Dr. MacKay, added, “These results point to a powerful role of integrating proper nutrition into disease management, and provide hope for Alzheimer’s patients and their care givers. However, the dietary supplement industry should be reminded that dietary supplements cannot be marketed or sold to consumers as a disease treatment, and we recommend that those suffering with Alzheimer’s disease rely on the advice of a trusted doctor as to the appropriate treatment plan. Self-dosing at the levels studied in this trial are not recommended.”
CRN also encouraged further research to assess the role of vitamin E in “both the prevention and treatment of this very complicated disease.”
While vitamin E and memantine have known benefits for those with moderately severe Alzheimer disease AD, the effects on mild to moderate AD were limited. Researchers set out to determine if alpha tocopherol, memantine, or both could slow progression of mild to moderate AD in patients taking an acetylcholinesterase inhibitor.
In a double-blind, placebo-controlled, parallel-group, randomized clinical trial, 613 patients with mild to moderate AD received either 2000 IU/d of alpha tocopherol (n = 152), 20 mg/d of memantine (n = 155), the combination (n = 154), or placebo (n = 152).
Those participating from August 2007 through September 2012 were then evaluated using an Alzheimer’s Disease Cooperative Study/Activities of Daily Living (ADCS-ADL) inventory score; as well as secondary data including cognitive, neuropsychiatric, functional and caregiver measures.
Data from 561 participants were analyzed (52 were excluded because of lack of follow-up data), and found that ADCS-ADL inventory scores declined by 3.15 units in the alpha tocopherol group compared with the placebo group. In the memantine group, these scores declined 1.98 units less than the placebo group’s decline.

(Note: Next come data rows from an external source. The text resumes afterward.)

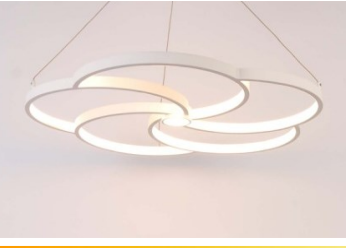

PERMIUM

SILVER

CHIC

What is Wiz ?

Wiz is a connected lighting system. Wiz lights are set-up through your Wi-Fi network and can be controlled with the Wiz application on your iOS or Android phone and tablet, with the Wizmote remote control or with your traditional power switch thanks to the Wizclick feature.
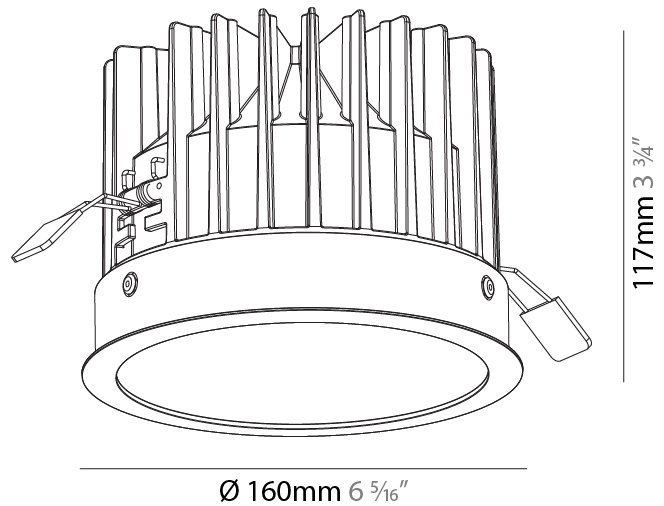

GENERAL

Series: Oiko
Subseries: Oiko Standard
Brand: Prolicht
Division: Architectural
Mounting Type: Recessed
Mounting Location: Ceiling
Subcategory: Downlight

PHYSICAL

Shape: Round
Diameter (mm): 160
Diameter (in): 6 ⁵/₁₆
Height (mm): 117
Height (in): 4 ⁵/₈
Ceiling Thickness (mm): 10 / 12.5 / 15
Ceiling Thickness (in): 3/8 or 1/2 or 9/16
Min. Recessing Depth (mm): 130
Min. Recessing Depth (in): 5 ¹/₈
Light Distribution: Downlight
Weight (kg): 0.98
Weight (lbs): 2.16
Fixture Finish: SSR / BKV / CWI / CRY / HAB / UFT / ITA / RUA / FTG / MYG / LOD / PUS / FRO / FUP / KIA / POP / BLS / SPG / MEY / GOH / GUM / CHC / COM / ABZ / JAG / OBR / MOS / ROR
Fixture Material: Aluminum Die Cast
Cut-out Measurements: D. - 155mm / 6 1/8"

ELECTRICAL

Lamp Type: LED (Zhaga Standard)
Input Wattage (W): 36.4
Total Output Wattage (W): 34
Dimming: Tri-Mode (Non-Dimming and Phase Dimming (120Vac only) and 0-10V Dimming)
Driver Included: No
Driver Location: Recessed Housing
Driver Type: Constant Current - Universal
Housing: See components
Input Voltage (V): 120 - 277
Constant Current (MA): 1050

LED

Number of LEDs: 1
Color Temperature (°K): 3000 / 3500 / 4000
Max. Delivered Lumen (lm): 2940 / 3061 / 3123
CRI: >90 CRI
Efficiency (%): 81 / 80 / 75
Lamp Life (hrs): 50000

OPTICAL

Reflector°: 17 / 30 / 50

RATINGS AND CERTIFICATIONS

Certified By: Certified for North American Standards
IP rating: IP20

According to researchers, this change in the alpha tocopherol group translated into a delay in clinical progression of 19% per year compared with placebo, or a delay of approximately 6.2 months over the follow-up period. Furthermore, reported caregiver time increased least in the alpha tocopherol group.
Commenting on these findings, Duffy MacKay, N.D., vice president, scientific and regulatory affairs, Council for Responsible Nutrition (CRN), stated, “This study is significant as it presents strong data on the safety of vitamin E, at high doses, and dismisses previous questions raised about the safety of this essential nutrient. The authors’ stated ‘In contrast to the conclusion drawn from a 2005 meta-analysis of vitamin E, which showed that high-dose vitamin E (≥400 IU/d) may increase the risk of all-cause mortality, we found no significant increase in mortality with vitamin E.’ This new study demonstrates that scientists seeking to slam the door on vitamins, and new vitamin research, is the antithesis of what science is all about.”
Dr. MacKay, added, “These results point to a powerful role of integrating proper nutrition into disease management, and provide hope for Alzheimer’s patients and their care givers. However, the dietary supplement industry should be reminded that dietary supplements cannot be marketed or sold to consumers as a disease treatment, and we recommend that those suffering with Alzheimer’s disease rely on the advice of a trusted doctor as to the appropriate treatment plan. Self-dosing at the levels studied in this trial are not recommended.”
CRN also encouraged further research to assess the role of vitamin E in “both the prevention and treatment of this very complicated disease.”